> **Work required**: Reproduce the entries exactly and omit the pictures.

> **Dataset extract**:
• • • • • • •

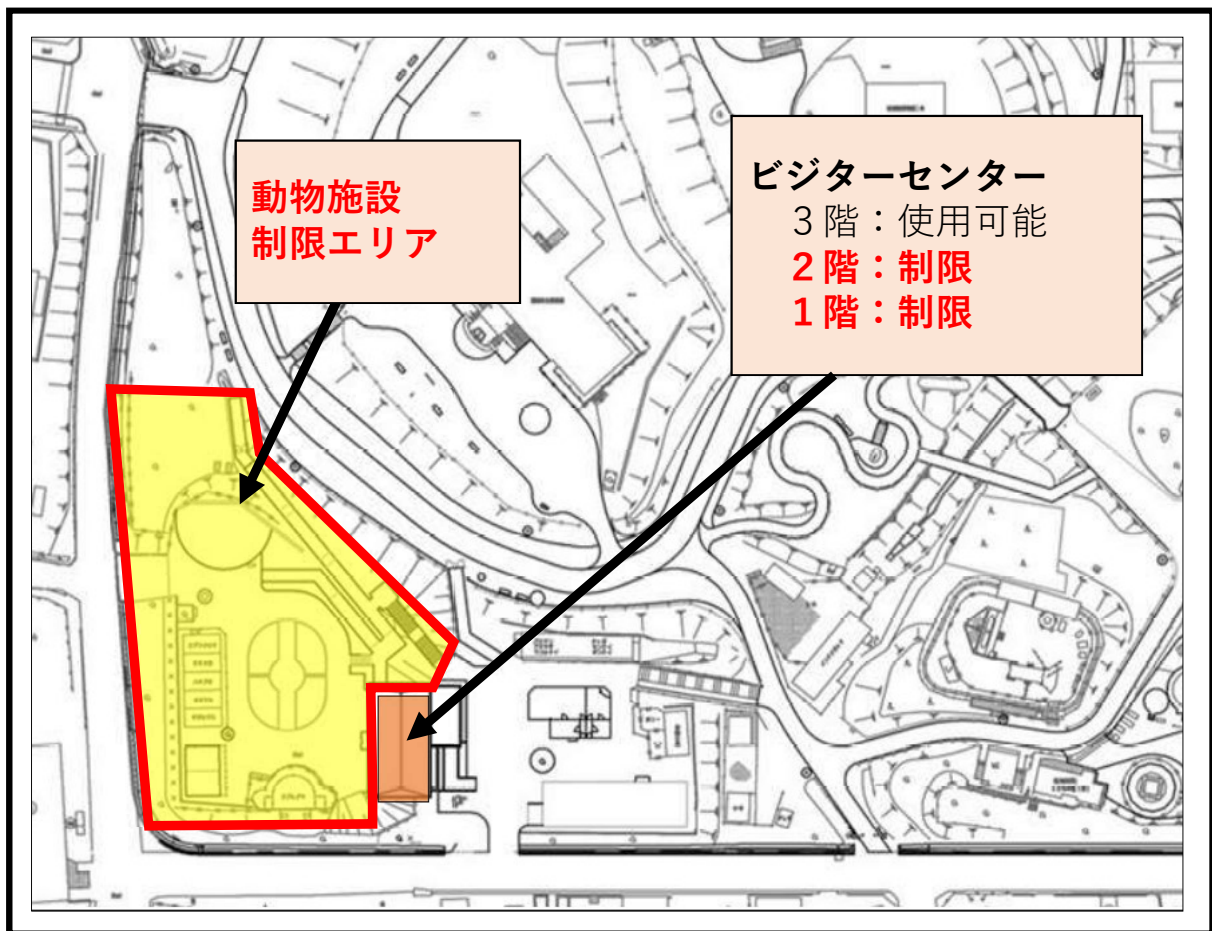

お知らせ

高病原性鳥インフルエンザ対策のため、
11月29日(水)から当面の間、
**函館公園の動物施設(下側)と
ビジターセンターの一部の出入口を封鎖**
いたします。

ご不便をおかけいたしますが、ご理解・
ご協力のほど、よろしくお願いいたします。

• • • • • • •

> **Answer box**:
お知らせ

高病原性鳥インフルエンザ対策のため、
11月29日(水)から当面の間、
**函館公園の動物施設(下側)と
ビジターセンターの一部の出入口を封鎖**
いたします。

ご不便をおかけいたしますが、ご理解・
ご協力のほど、よろしくお願いいたします。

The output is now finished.